What first made you start a photo a day project?
I was like many here, I loved to take photos but only took my camera out on special occasions like holidays, and birthdays. Then I got my first iphone and suddenly I had a camera with me all the time! Thinking back, I can honestly say I had no idea what I was signing up for, but I was hooked from the start. I completed that first 365 solely with my cell phone and to say I learned a lot would be an understatement.
When I retired, I decided to take up photography on a more serious level. I wanted to take photos, but I had no idea what to take photos of. I was running out of ideas. I found the 365 challenge online and decided it was just what I needed. By giving me ideas of what to shoot, I had a reason to pick up my camera every day.
I have always loved taking photos. I was following along with Amy Jordan’s first 365 Project and became very interested. She invited me to the CY365 Group and I was hooked! I’m going into my 10th year now!
Back in the late spring and early summer of 2012, I did a 100 Day Project. I didn't know much about my camera, or really much about serious photography. What I did know was that I enjoyed looking for something each day to photograph. When those hundred days ended and I no longer had a "project," I felt lost and began looking for a way to fill that void. I found CY365. I have now taken a photo a day every single day since January 1, 2013.
I was given a DSLR for my birthday in 2013 and then it sat on my desk not doing anything except for the occasional use and it was always on Auto. So, I decided on 1st January 2014 to look for inspiration on the internet, which led me to do a 365 project, which lead me to this group.
It was the summer of 2015 when, as a teacher, I had some extra time on my hands. When I saw a Picture of the Day post by a friend on Facebook, I was intrigued. Assured that phone pics were allowed, I gave it a go. And here I am almost a decade later!

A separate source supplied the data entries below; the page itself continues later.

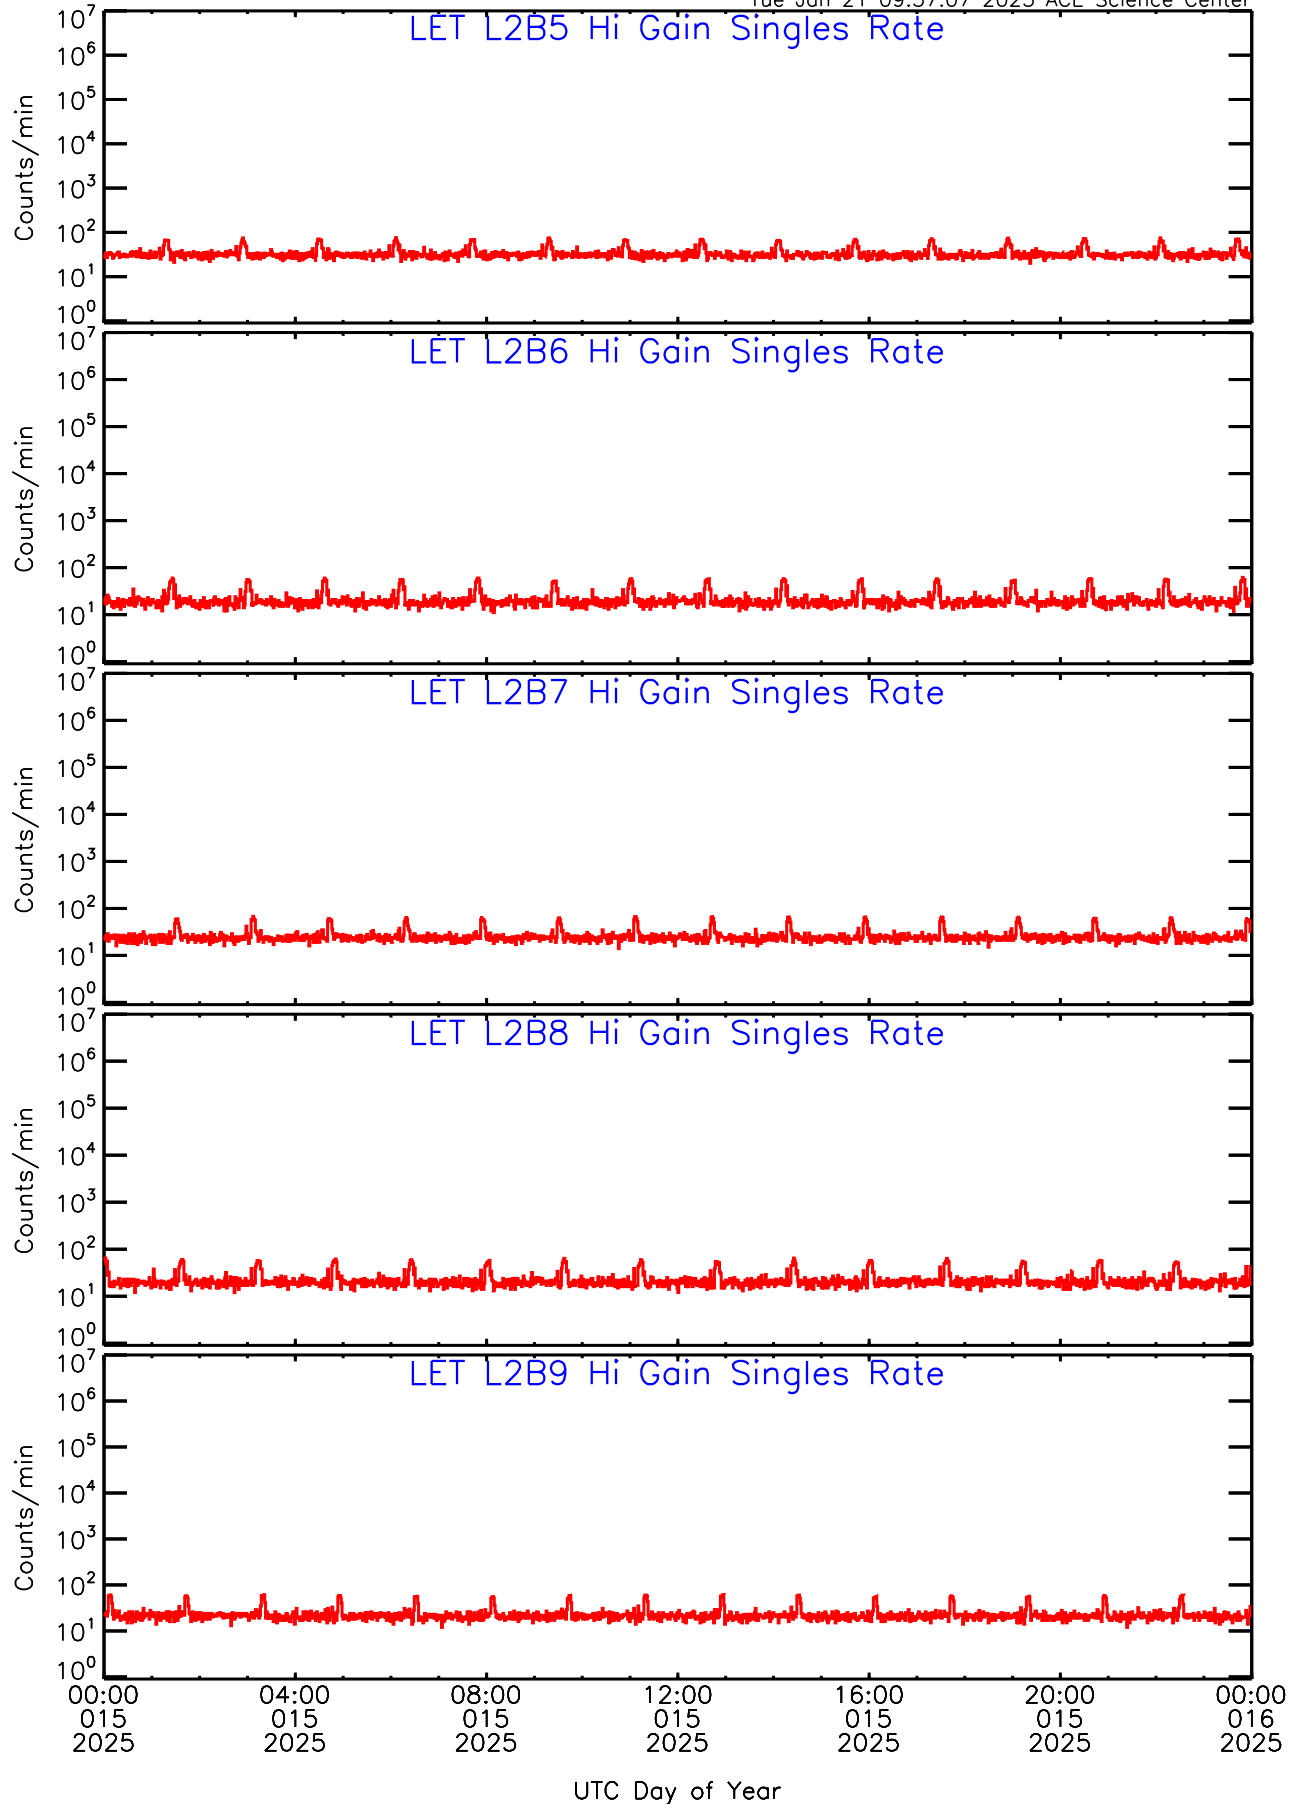

LET ahead Hi-Gain SINGLES RATES Data for 2025-015

Tue Jan 21 09:57:07 2025 ACE Science Center
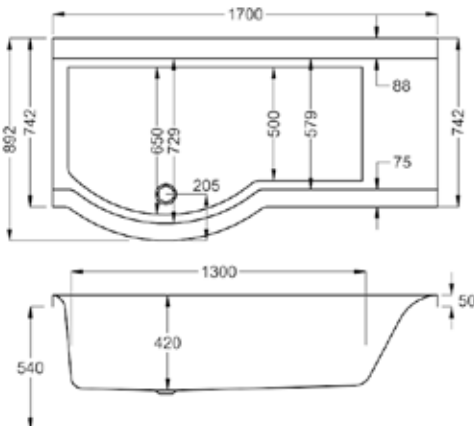

carron⁵

260 LITRES

1700 x 750-900mm LH H540mm D420mm		RRP
Bathtub	Q4-02369	£953
Front Panel	Q4-02375	£321
End Panel	Q4-02385	£161
Shower Screen	Q4-02380	£391

carronite™

260 LITRES

1700 x 750-900mm LH H540mm D420mm		RRP
Bathtub	Q4-02370	£1486
Front Panel	Q4-02376	£501
L Shape Panel	Q4-02506	£688
End Panel	Q4-02383	£214
Shower Screen	Q4-02380	£391

1700
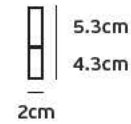

VK/04369/B

Product Models

Code	Model	Box
71164-103721	VK/04369/B ■ Black sand. 3000K. 535lm. 9w. bridgelux. led. 110°. CRI>90	1pc

Details

Led magnetic track light DC driver 48V (included). Watt 9w. CRI>90. IP Rating IP20
Type of Led [bridgelux](#). 2835 with driver. Dimmable 1-10V. Lifetime 50.000 hrs
Working temperature < 45°C. Material Aluminium. 2 years guarantee.

IP20. 9w.

My two best friends and I started our own Photo a Day project which we did for a few years. We took turns making our own monthly lists and only posted to one another in a private album. While searching for list ideas I came across Capture Your 365, which morphed into 365 Picture Today and here you will still find me 8 years later!
What has kept you motivated and inspired through the years?
Two things have kept me motivated. First is the photos that I now have. When I look back over the years, I have captured so much that I wouldn’t have if not for the prompts and the daily habit. Secondly, the community. I would miss keeping us with everyone if I stopped!
I want to keep picking up my camera every day. I also have found that I really enjoy documenting my daily life. I can look back on pretty well any of my photos and remember the specific day I took it.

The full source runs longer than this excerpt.